*Extracted data entries*
"""

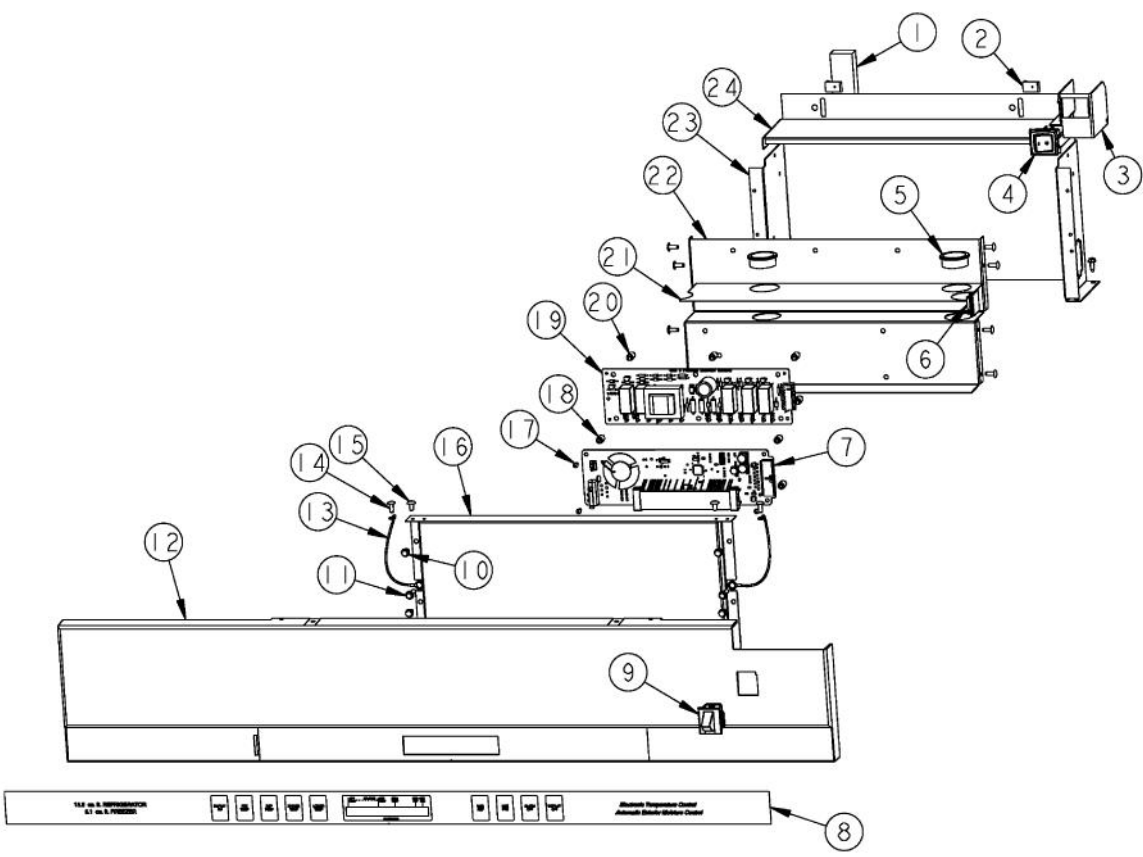

Ref #	Part Number	Qty.	Description
1	A3030361		GASKET, RED
2	M0288120		NUT-SPEED, VM0288120
3	K2098654		BRACKET SWITCH POWER
4	PE950149		SWITCH POWER
5	A4554817		BUSHING-SNAP VA4554817
6	M0104106		CLIP-CORD VM0104106
7	PE070728		BOARD LOW VOLTAGE
8	PE950174		OVERLAY SWITCH BTM 36
9	PE950122		SWITCH
10	PD020194		SCREW-SM
11	M0238846		SCREW-SHLDR
12	PK030458		PANEL CONTROL AR 36 R
12	PK030459		PANEL CONTROL AR 36 L
13	12064001		SUPP-CONT PANEL
14	PC040010		POP RIVET
15	M0224128		SCREW-SM
16	K20910061		CONTROL BOX FRONT
17	PD020013		TYPE AB NO.6 X 3/8 PH PAN HD. SMS
18	M0585506		SUPPORT
19	PE970463		POWER CONTROL BOARD
20	M0585504		SUPPORT
21	005396-000		FILM,PROTECTIVE
22	K20910060		BRACKET - PC
23	K2099402		CONTROL BOX
24	K20915000		CONTROL BOX TOP

"""

Nothing but the lines from the one containing "CONTROL AR 36 L" to the end of the entries belongs in the answer, and each must match exactly.

12	PK030459		PANEL CONTROL AR 36 L
13	12064001		SUPP-CONT PANEL
14	PC040010		POP RIVET
15	M0224128		SCREW-SM
16	K20910061		CONTROL BOX FRONT
17	PD020013		TYPE AB NO.6 X 3/8 PH PAN HD. SMS
18	M0585506		SUPPORT
19	PE970463		POWER CONTROL BOARD
20	M0585504		SUPPORT
21	005396-000		FILM,PROTECTIVE
22	K20910060		BRACKET - PC
23	K2099402		CONTROL BOX
24	K20915000		CONTROL BOX TOP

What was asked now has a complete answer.